Ian accepted the kiss without hesitation, tilting his head left as she went right and reversing their positions a moment or two later.

Taylor slowed their progress, pulling back and meeting his gaze. “Nothing happened,” she said.

“What did you expect?”

Her head shook. “I don’t know. Something. Something … weird. But you felt it, right?”

“I’m not sure
what
I felt, but you did call me John, and if you want to kiss me in the rain again, I’m happy to oblige.”
Always. Forever.

“We better go.” Taylor slipped her hand to Ians, and together they walked back to the car.

Standing at the driver’s side door, Ian gazed out at the yard, and in his mind’s eye, a large oak loomed in just the spot where Taylor had stood.

When he blinked, it disappeared.

14

Ian woke calm, nude and alone. He’d slept the sleep of the dead, waking at no time during the night. Rested and with as clear a head as he could believe possible, he slipped to the side of the guest bed, grabbed the robe Lexi always left draped over the chair and tied it on tight enough so Emma couldn’t yank it off and attempt to embarrass him.

Muffled sounds of chatter reached him from below. A check of the clock showed it to be close to nine, yet no one had bothered to wake him.

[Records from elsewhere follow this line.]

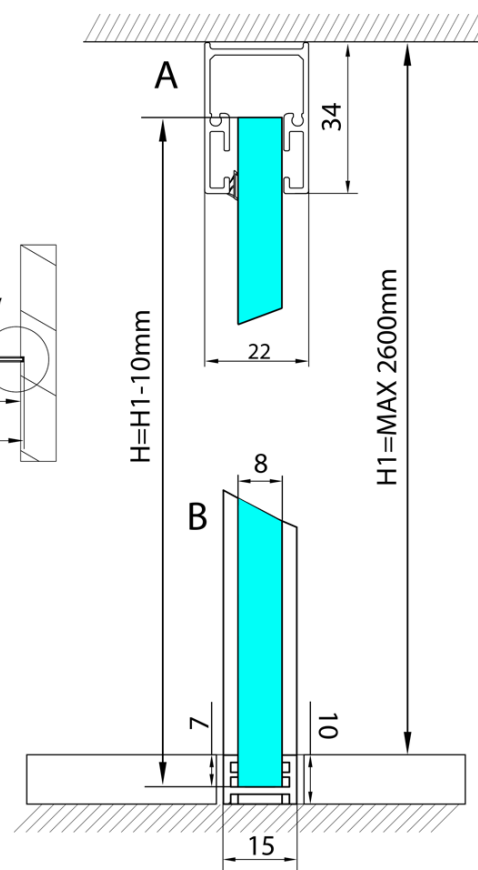

**ARCHITEX sada pro uchycení skla, podlaha-stěna-
strop, max. š. 1200mm, černá mat**

Objednací kód: AXL2812B

Základní informace

Značka: Polysan
Série: ARCHITEX

Rozměry

Hloubka: 1200 mm

Parametry

Barva profilu: Černá mat
Tvar: Jednostěnná pevná
Tloušťka skla: 8 mm
Hmotnost / ks: 0.085 kg
Balení: 1 ks
Záruka: 2 roky

Technický list

L1=MAX 1195	H1=MAX 2600
L=L1+5=1200	H=H1-10=2590

The stair creaked beneath his foot, and the sounds in the kitchen stopped, but the scent of sweetness spiraled toward him.

Bypassing the empty living room, Ian ended up in the kitchen, where Lexi and Tripp sat on one side of the table with Emma across from them.

“Where’s Taylor?”

“Who?” Emma sipped from a mug.

“Want some breakfast, Ian?” Lexi pushed to stand, but Tripp pressed her back down and rose.

“Uh … Taylor?”

“Again, who?” Emma tipped the cup up.

Ian pulled out a chair and plopped into it. “What the hell are you up to, Emma? Taylor. I brought her here last night.”

“Maybe you were dreaming?” Not a hint of smile broke through.

“Huh?”
Dammit, is that what’s happening to me? Am I dreaming these out of body experiences?

“Dude, do you see Taylor here?” Emma asked.

Ian twisted left and right. “No.”
What the hell is going on with me?

“Exactly.”

He dropped his head into his hands. Had it all really been a dream?

Lexi chuckled.

Tripp’s slap to the back of the head had Ian popping upright. “Emma’s been ready to play that little charade since Taylor woke and told her about your midnight kiss in the rain. She’s in the shower, by the way.”

Ian raised an eyebrow. “You’re one conniving little—”

“Sister.” Lexi’s interjection couldn’t stop his thoughts or the smile.

“Payback’s a bitch, Emma. Be prepared.” He inclined his head toward her. “How are you, Lex?” Ian twirled a finger in her direction. “I mean … you know.”

“Well, the docs claimed there was nothing they could do so early in the game, and everything on the inside looked good, and I haven’t had any problems since, so … I think we’re good.” The bags under her eyes said her worries hadn’t disappeared. She leaned into Tripp’s body when his arm draped across the back of her shoulders.

Ian grabbed a banana from the bowl in the center. “What did Taylor say this morning?”

“She said you snore.” Emma grabbed a lemon poppy seed muffin from the tray.